Most of Hamby's work in the past five years has made heavy use of technology in some way. In Calamus, a trio piece for male dancers that will be part of the new show, the audience sees only brief glimpses of dancers Stephen K. Stone, Brian Bagley and Dave Clark, who are partially hidden behind slotted draperies. Most of the time the dancers are only visible as black-and-white video images on a screen, captured live by two video cameras and edited by UMBC grad student Deborah Gorski.

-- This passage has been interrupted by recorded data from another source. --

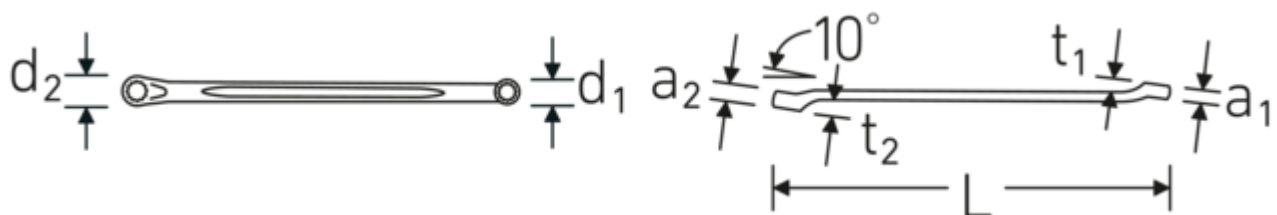

Doppelringschlüssel, zöllig

230a

Art.No. 41611620
GTIN 4018754023059
Model 230a 1/4 x 5/16

Bezeichnung. Doppelringschlüssel SW 1/4 x 5/16 " L.180mm

- Eigenschaften.**
- **zöllige** Schlüsselweiten
 - flach gekröpft
 - SAE AS 954 (Maße und Prüfwerte)
 - Fed. Spec. GGG-W-636E
 - S.B.A.C. Techn. Spec. T.S. 48 bis 1/2"
 - stabile, schlanke und leichte Konstruktion
 - enorm belastbar und langlebig
 - griffige, angenehme Haptik durch das STAHLWILLE Rundfinish
 - HPQ® Hochleistungsstahl, verchromt

Vorteile.

Hochwertiger Doppelringschlüssel, flach gekröpft, mit zölligen Schlüsselweiten.

Technische Zeichnung.

Technische Attribute.

a1	5,2 mm
a2	6 mm
Abtriebsprofil	Doppelsechskant AS-Drive®
d1	10,2 mm
d2	11,9 mm
Länge mm (L)	180 mm
Schlüsselweite 1 [Zoll]	1/4 "
Schlüsselweite 2 [Zoll]	5/16 "
t1	7,9 mm
t2	8,8 mm

Varianten.

Art.-Nr.	Artikelnr (ERP)	Bezeichnung	GTIN
41611620	230a 1/4 x 5/16	Doppelringschlüssel SW 1/4 x 5/16 " L.180mm	4018754023059
41612022	230a 5/16 x 11/32	Doppelringschlüssel SW 5/16 " L.195mm	4018754158799
41612024	230a 5/16 x 3/8	Doppelringschlüssel SW 5/16 " L.195mm	4018754023066
41612428	230a 3/8 x 7/16	Doppelringschlüssel SW 3/8 x 7/16 " L.215mm	4018754023073
41612832	230a 7/16 x 1/2	Doppelringschlüssel SW 7/16 " L.225mm	4018754023080
41613234	230a 1/2 x 9/16	Doppelringschlüssel SW 1/2 x 9/16 " L.235mm	4018754023097
41613436	230a 9/16 x 5/8	Doppelringschlüssel SW 9/16 " L.245mm	4018754023103
41613640	230a 5/8 x 3/4	Doppelringschlüssel SW 5/8 " L.274mm	4018754023110
41613840	230a 11/16 x 3/4	Doppelringschlüssel SW 11/16 x 3/4 " L.275mm	4018754023127
41614244	230a 13/16 x 7/8	Doppelringschlüssel SW 13/16 x 7/8 " L.301mm	4018754139477
41614648	230a 15/16 x 1	Doppelringschlüssel SW 15/16 " L.340mm	4018754139484
41614850	230a 1 x 1.1/16	Doppelringschlüssel SW 1 x 1.1/16 " L.368mm	4018754139491
41615256	230a 1.1/8 x 1.1/4	Doppelringschlüssel SW 1.1/8 " L.403mm	4018754139507

Inspired by a Walt Whitman poem, the piecewhich premiered at Washington, D.C.'s Dance Place last summerconcentrates on a main character who is dreaming about "being affectionate with other men, dancing with other men, being with other men." Consequently, the choreography features a lot of partnering and physical contact similar to contact improvisation.

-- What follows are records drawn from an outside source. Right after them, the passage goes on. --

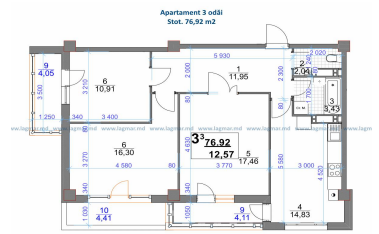

EXPLICATIA INCAPERILOR Apartment cu 1 odăie

NR	DENUMIREA INCAPERII	S (mp)
1	Coridor	4,84
2	Grup sanitar	4,38
3	Bucatarie	14,85
4	Salon	16,83
total		40,90

The score, composed by Steve Bradley, a UMBC assistant professor of visual arts, was created mostly from an archive of sounds Bradley amassed during a trip to New York by Hamby's company two years ago. "You're unclear as to what the nature of the sound is and where it's coming from," Hamby says. "So that goes very well with the idea of dreaming."
In contrast to Calamus' strong theme, Six Short Pieces, which will be receiving its world premiere during Phoenix's UMBC show, is a purely abstract dance piece, set to chamber pieces by composer William Grant Still. "I've been yearning to use a piece for acoustic instruments where the piece is just about movement, a group of people dancing together and visualizing the music," Hamby says. "I've just wanted to do a group piece that's lyrical and pure movement."
Of Lacey's two solos, Iréne Haultman's Two By Eartha, which Lacey has previously performed at Theatre Project and UMBC, is a lighthearted interpretation of two Eartha Kitt songs; the solo Lacey commissioned flows with a seemingly effortless, fluid kinetic movement that belies its difficulty. Lacey says the choreographer's inspiration for the piece was her childhood recollections of seeing Kitt perform. "I enjoy the movement quality and I enjoy listening to Eartha," Lacey says. "It's a very self-indulgent piece for me to perform."
Dissolve, a solo that David Dorfman Dance company member Jeannine Durning originally created for herself that will also be part of the UMBC show, is of a more intense nature. Set to music by contemporary composer Henryk Gorecki, the piece consists of a number of "pictures" in which "the quality of movement changed from one picture to another," Lacey says, with the dancer spinning between each image. "If you just want to look at it very abstractly and very simply, it's about transformations," she says. "You can also look at it from a dramatic point of view" and see a character "who's struggling to hold onto her sense of self . . . a personality who's dissolving, going in and out of reality."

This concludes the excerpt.